▶ **EXERCISE REQUIREMENTS**
The string "QUADRI" may appear on lines of the entries below; report how many such lines there are, and only that.

Excerpts from a dataset
**********
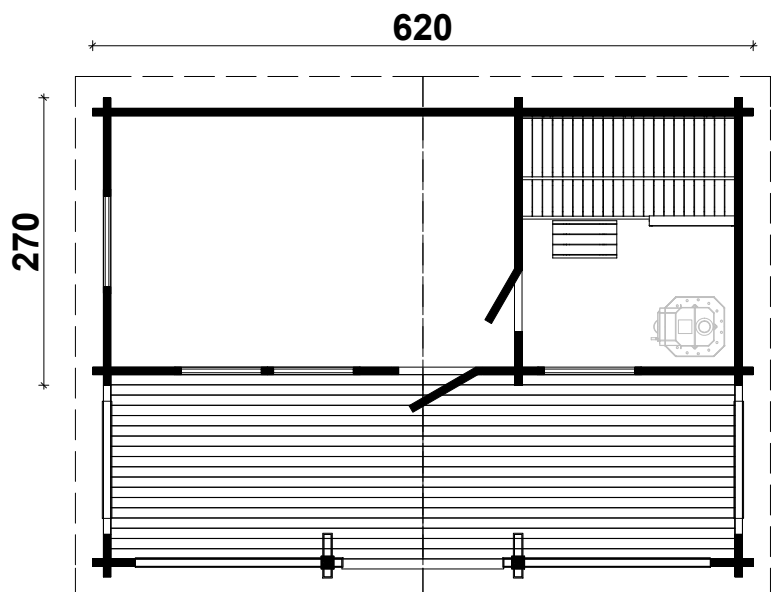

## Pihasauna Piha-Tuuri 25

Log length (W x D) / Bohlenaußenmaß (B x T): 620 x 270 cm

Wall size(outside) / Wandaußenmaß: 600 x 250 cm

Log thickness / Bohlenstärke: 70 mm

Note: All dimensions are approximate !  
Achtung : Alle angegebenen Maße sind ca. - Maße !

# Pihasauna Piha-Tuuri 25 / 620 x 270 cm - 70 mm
**********
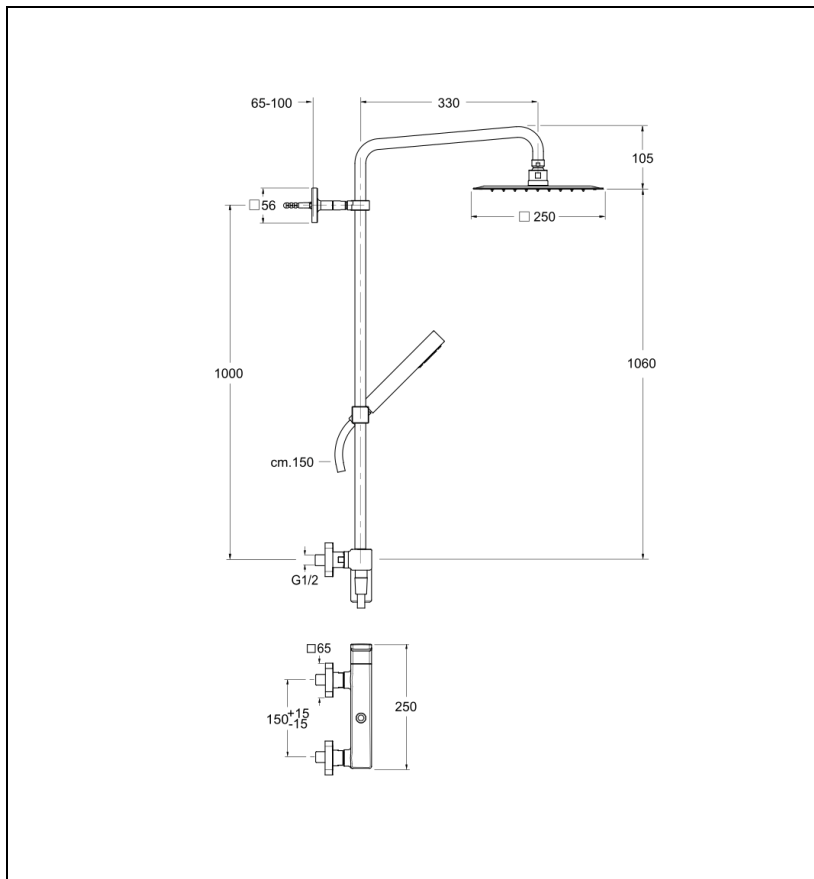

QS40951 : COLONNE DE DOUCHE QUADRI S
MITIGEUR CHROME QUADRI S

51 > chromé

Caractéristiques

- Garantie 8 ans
**********
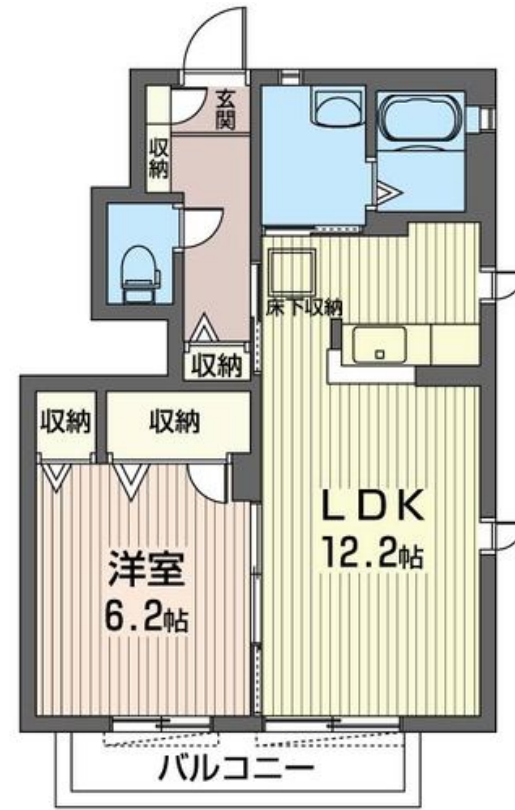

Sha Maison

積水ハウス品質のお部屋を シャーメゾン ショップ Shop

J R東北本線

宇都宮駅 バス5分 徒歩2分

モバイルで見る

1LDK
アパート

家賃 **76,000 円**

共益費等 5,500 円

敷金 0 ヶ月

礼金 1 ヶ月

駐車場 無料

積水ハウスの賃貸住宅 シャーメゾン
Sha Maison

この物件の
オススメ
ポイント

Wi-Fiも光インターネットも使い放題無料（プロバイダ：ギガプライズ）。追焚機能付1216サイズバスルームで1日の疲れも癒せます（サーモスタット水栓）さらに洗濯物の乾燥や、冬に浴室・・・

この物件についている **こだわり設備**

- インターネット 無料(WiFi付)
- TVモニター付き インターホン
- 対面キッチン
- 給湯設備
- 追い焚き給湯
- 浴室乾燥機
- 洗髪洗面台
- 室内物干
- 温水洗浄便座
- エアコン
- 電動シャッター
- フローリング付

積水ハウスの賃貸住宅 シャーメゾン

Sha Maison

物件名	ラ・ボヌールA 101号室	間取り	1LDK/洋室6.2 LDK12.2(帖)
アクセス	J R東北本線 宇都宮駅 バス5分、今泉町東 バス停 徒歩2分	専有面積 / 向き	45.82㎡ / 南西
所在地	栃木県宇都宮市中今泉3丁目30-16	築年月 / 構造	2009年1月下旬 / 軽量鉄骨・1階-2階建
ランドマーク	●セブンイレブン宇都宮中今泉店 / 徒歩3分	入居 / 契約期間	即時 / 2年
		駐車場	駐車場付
**********
▶ **RESULT OF THE EXERCISE**
2